▶ _PROBLEM DESCRIPTION_
Please find every line in the records below that contains the word "ironembers", and copy it.

▶ _DATA FOR THIS EXERCISE_
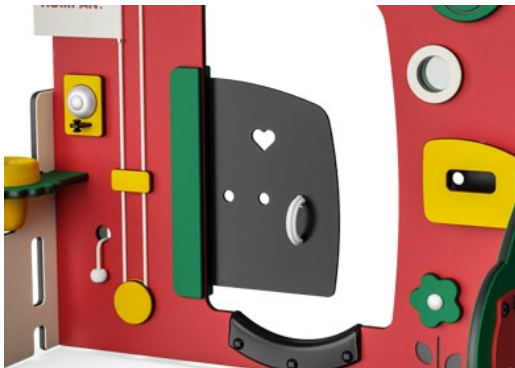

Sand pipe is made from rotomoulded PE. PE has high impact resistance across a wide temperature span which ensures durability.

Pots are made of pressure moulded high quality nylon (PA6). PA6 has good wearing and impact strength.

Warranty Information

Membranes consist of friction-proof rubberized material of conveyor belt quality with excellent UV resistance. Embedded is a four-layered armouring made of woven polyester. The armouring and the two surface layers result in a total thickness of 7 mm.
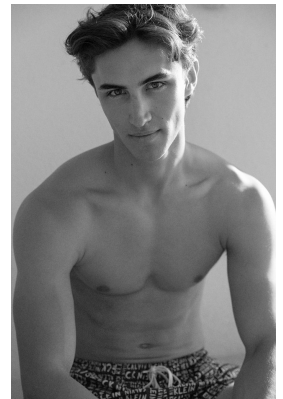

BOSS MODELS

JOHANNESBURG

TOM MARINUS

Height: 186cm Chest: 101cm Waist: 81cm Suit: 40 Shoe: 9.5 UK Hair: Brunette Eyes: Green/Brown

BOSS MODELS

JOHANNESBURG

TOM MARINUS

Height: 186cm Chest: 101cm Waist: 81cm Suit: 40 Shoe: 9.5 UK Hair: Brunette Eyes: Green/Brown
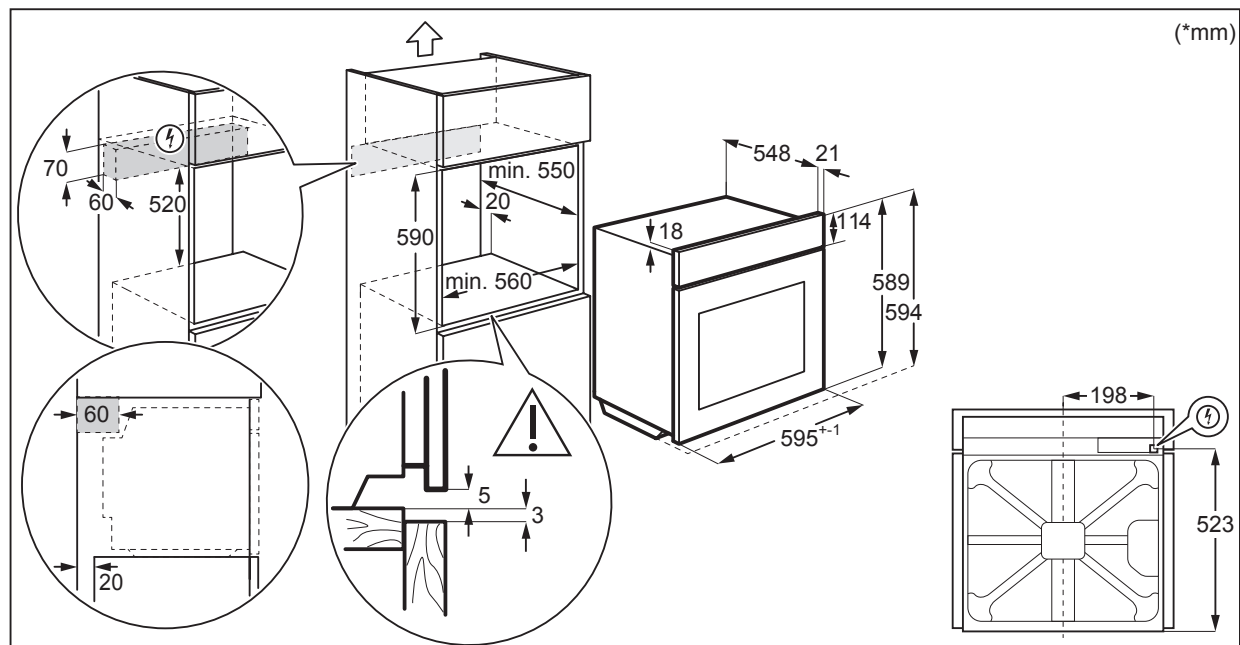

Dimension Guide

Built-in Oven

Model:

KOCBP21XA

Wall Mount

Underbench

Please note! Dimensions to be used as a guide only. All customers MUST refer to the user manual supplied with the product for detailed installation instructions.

--

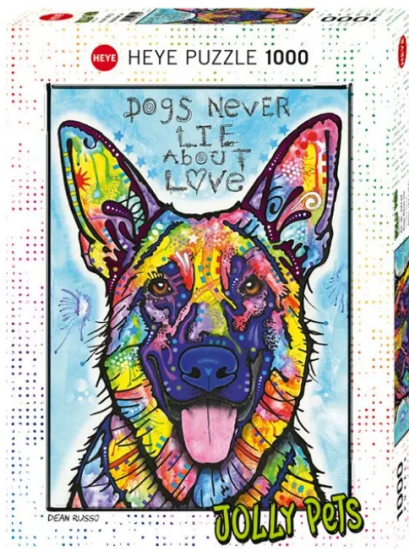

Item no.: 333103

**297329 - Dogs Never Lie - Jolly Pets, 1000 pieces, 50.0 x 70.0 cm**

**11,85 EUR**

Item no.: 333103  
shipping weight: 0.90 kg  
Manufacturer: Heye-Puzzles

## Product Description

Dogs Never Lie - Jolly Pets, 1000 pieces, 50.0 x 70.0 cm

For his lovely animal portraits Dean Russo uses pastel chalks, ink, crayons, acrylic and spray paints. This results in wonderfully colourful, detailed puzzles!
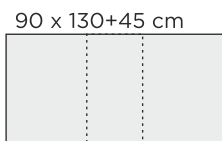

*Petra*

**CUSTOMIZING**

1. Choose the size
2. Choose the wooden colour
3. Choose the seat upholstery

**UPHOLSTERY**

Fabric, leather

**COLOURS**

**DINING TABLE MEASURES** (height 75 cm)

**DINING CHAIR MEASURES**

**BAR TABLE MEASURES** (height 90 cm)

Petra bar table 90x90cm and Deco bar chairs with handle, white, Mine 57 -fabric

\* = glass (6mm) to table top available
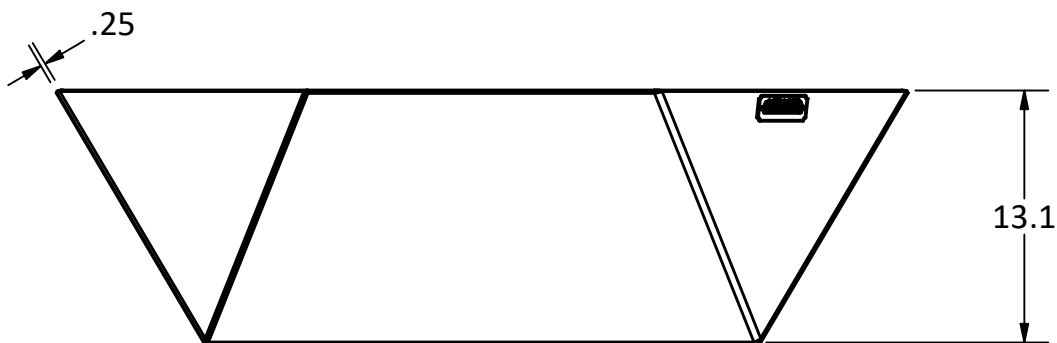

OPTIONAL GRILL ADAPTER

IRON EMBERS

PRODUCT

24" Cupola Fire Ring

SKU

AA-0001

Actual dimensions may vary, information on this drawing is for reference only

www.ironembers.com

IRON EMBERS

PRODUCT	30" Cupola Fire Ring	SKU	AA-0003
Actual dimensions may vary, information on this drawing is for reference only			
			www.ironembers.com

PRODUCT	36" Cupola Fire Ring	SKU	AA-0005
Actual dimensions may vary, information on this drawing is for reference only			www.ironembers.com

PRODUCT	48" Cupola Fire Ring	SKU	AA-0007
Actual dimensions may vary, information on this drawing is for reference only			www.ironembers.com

* * *

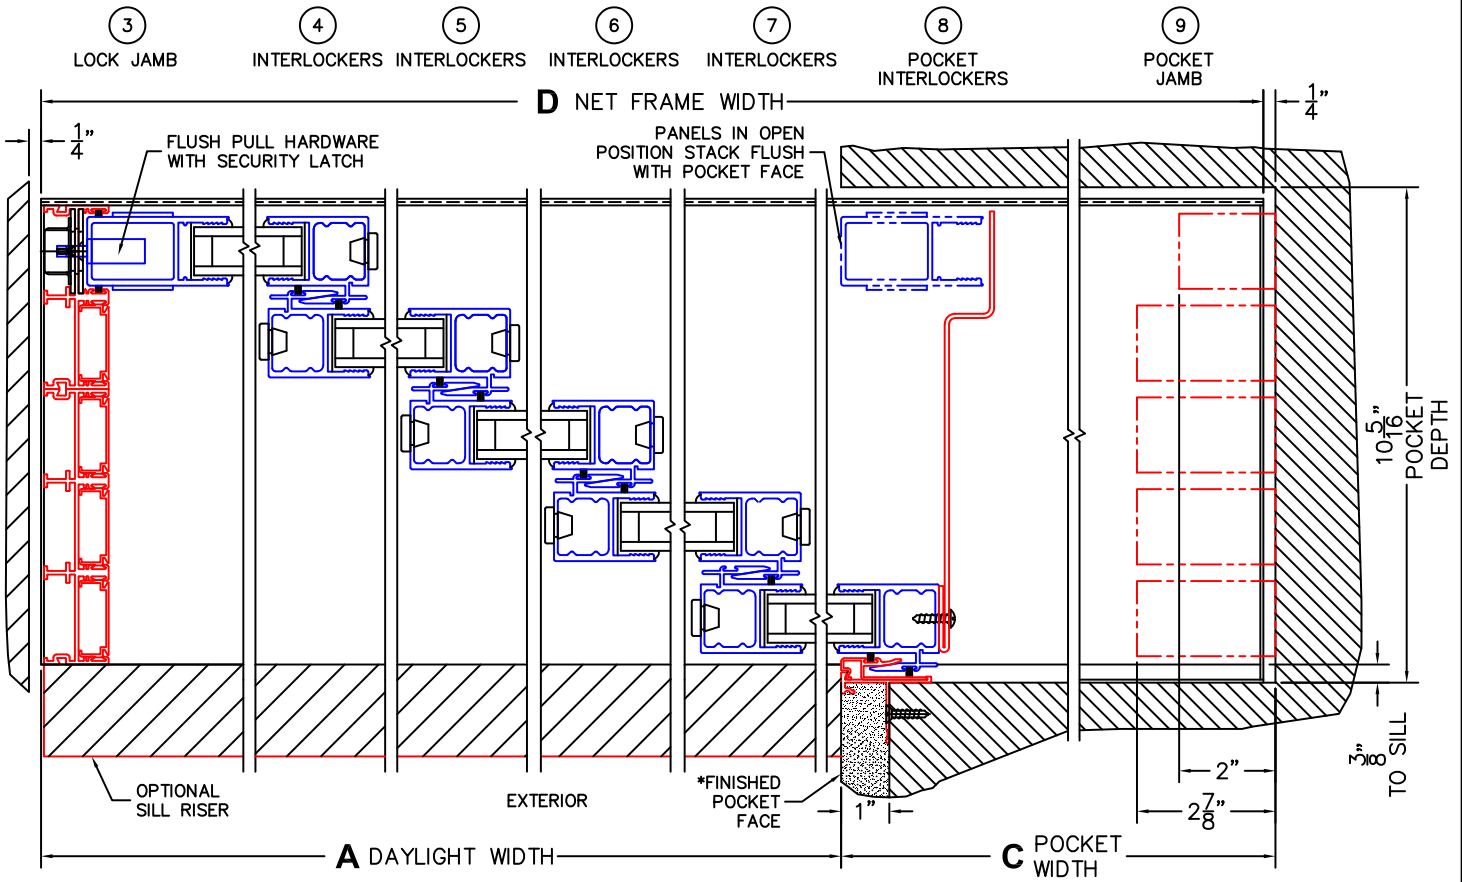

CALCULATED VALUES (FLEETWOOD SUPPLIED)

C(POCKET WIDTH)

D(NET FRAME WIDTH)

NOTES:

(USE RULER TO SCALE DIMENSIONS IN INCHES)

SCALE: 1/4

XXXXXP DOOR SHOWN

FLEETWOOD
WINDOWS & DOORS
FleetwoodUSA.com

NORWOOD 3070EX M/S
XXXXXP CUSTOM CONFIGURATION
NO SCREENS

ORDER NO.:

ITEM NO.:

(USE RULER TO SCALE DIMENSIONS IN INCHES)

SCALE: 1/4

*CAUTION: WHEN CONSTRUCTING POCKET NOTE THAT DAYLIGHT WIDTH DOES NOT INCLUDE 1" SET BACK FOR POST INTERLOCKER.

▶ _SOLUTION_
www.ironembers.com
			www.ironembers.com
Actual dimensions may vary, information on this drawing is for reference only			www.ironembers.com
Actual dimensions may vary, information on this drawing is for reference only			www.ironembers.com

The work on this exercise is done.